Appraising personal property and fine arts.

by Linsner, Kenneth Jay

    Abstract- The valuation procedures for personal property for purposes of determining tax liability in gift and inheritance cases is generally the same as those used for charitable deduction purposes. However, in the case of antiques and works of fine arts, the issues of the buyer's premium and blockage discount have to be taken into consideration. Typically, only art works with a value in excess of $20,000 need to be valued by a reputable appraiser. In such cases, the IRC stipulates that the donor or executor should provide the IRS with suitable documentation to support gifts or bequests made involving these works of art. IRS reviews of such appraisals tend to focus on six components: the state of the market for the property; the statement of comparable worth; photographs of the property; cost basis, date and manner of acquisition; provenance; and a detailed description of the property in question.

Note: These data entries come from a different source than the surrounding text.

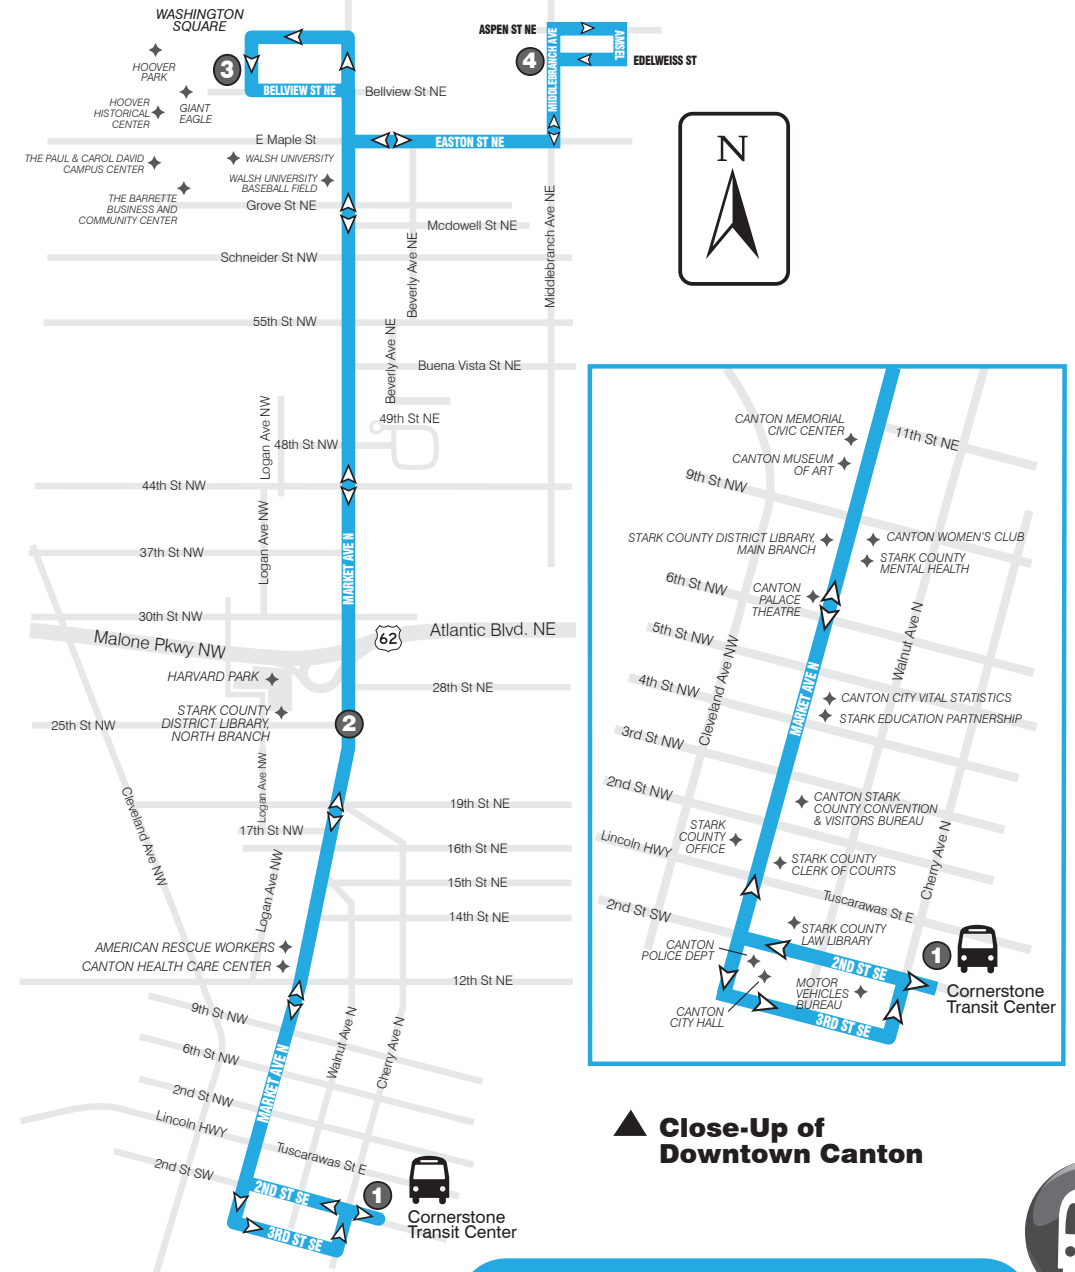

SARTA PinPoint allows you to locate your bus' arrival time in real time...

TEXT

"PP" plus the "Stop ID" to 321123 (ex. PP1234).

CALL

Call 330-477-2782 and input a stop ID number to receive info about departure and arrival times.

www.SARTAonline.com

330-477-2782

Download SARTA's PinPoint app for real-time information on your route!

ROUTE 108: Monday thru Saturday

FROM DOWNTOWN CANTON TO WASHINGTON SQUARE

1	2	3	4
Leave Cornerstone	25th & Market	Washington Square	Edelweiss
5:45a	5:54a	6:03a	6:10a
6:45a	6:54a	7:03a	7:10a
7:45a	7:54a	8:03a	8:10a
8:45a	8:54a	9:03a	9:10a
9:45a	9:54a	10:03a	10:10a
10:45a	10:54a	11:03a	11:10a
11:45a	11:54a	12:03p	12:10p
12:45p	12:54p	1:03p	1:10p
1:45p	1:54p	2:03p	2:10p
2:45p	2:54p	3:03p	3:10p
3:45p	3:54p	4:03p	4:10p
4:45p	4:54p	5:03p	5:10p
5:45p	5:54p	6:03p	6:10p
6:45p	6:54p	7:03p	7:10p
7:45p	7:54p	8:03p	8:10p
8:45p	8:54p	9:03p	9:10p

ROUTE 108: Monday thru Saturday

FROM WASHINGTON SQUARE TO DOWNTOWN CANTON

4	3	2	1
Edelweiss	Washington Square	25th & Market	Arrive Cornerstone
6:10a	6:17a	6:24a	6:40a
7:10a	7:17a	7:24a	7:40a
8:10a	8:17a	8:24a	8:40a
9:10a	9:17a	9:24a	9:40a
10:10a	10:17a	10:24a	10:40a
11:10a	11:17a	11:24a	11:40a
12:10p	12:17p	12:24p	12:40p
1:10p	1:17p	1:24p	1:40p
2:10p	2:17p	2:24p	2:40p
3:10p	3:17p	3:24p	3:40p
4:10p	4:17p	4:24p	4:40p
5:10p	5:17p	5:24p	5:40p
6:10p	6:17p	6:24p	6:40p
7:10p	7:17p	7:24p	7:40p
8:10p	8:17p	8:24p	8:40p
9:10p	9:17p	9:24p	9:40p

Close-Up of Downtown Canton

ROUTE 108

DOWNTOWN CANTON/WASHINGTON SQUARE

www.SARTAonline.com

While no licensing of appraisers is presently in place, a Qualified Source list of the Department of the Treasury does exist. This is the "pre-approved" list of appraisers from which the IRS and other government agencies select their outside fee appraisers on a case-by- case basis or under yearly contracts. Certainly, a designation such as ASA (Senior Member of the American Society of Appraisers) which requires initial testing, and recertification every five years to maintain, is useful for consideration. Additional certifications from the Appraisers Association of America or international groups, such as the International Institute of Valuers in Zurich (SCV) are desirable. Educational background is given greatest weight while membership in any of the numerous minor, often self-serving, appraisal "societies" is not deemed significant. More than these designations, however, is needed to effectively serve the legal and accounting professions.

Why Appraise?

An appraisal of personal property and fine arts is virtually required if:

1. The property is transferred during life to

a charitable donee;

2. The property is subject to gift tax;

3. The property is transferred to a non-char-

itable donee;

4. The property is subject to estate tax;

5. The property is to be included in a net

worth assessment;

6. The property is involved in a divorce


7. The property is to be sold by an executor

or appointed agent; or

8. The property is material and should be


Such appraisals are obtained in order to determine the fair market value of the property in question. This is defined as "the price at which such property changes hands between a willing buyer and a willing seller, neither being under any compulsion to buy or to sell and both having a reasonable knowledge of all relevant facts" Treas. Reg. 1.170A- 1(c)(2). The gift and income regulations contain identical language on this point

IRS Valuation Guidelines

Two revenue procedures provide guidelines for this valuation of tangible personal property. Rev. Proc. 6519, 1965-2, CB 1002 allows the sale price of the property in question to be used, by either the appraiser or the accountant, as the basis for the reporting of fair market value. The sale must have taken place within a reasonable amount of time of the event that prompts it (i.e., the gift, the death etc.). In addition, there must not have been any substantial change in the market for that property between the event and its sale. When property is sold at some distance from the event--one year or more--comparables sold closer to the event must be substituted or actual sale price of the property must be adjusted back to the market conditions at the date of the event.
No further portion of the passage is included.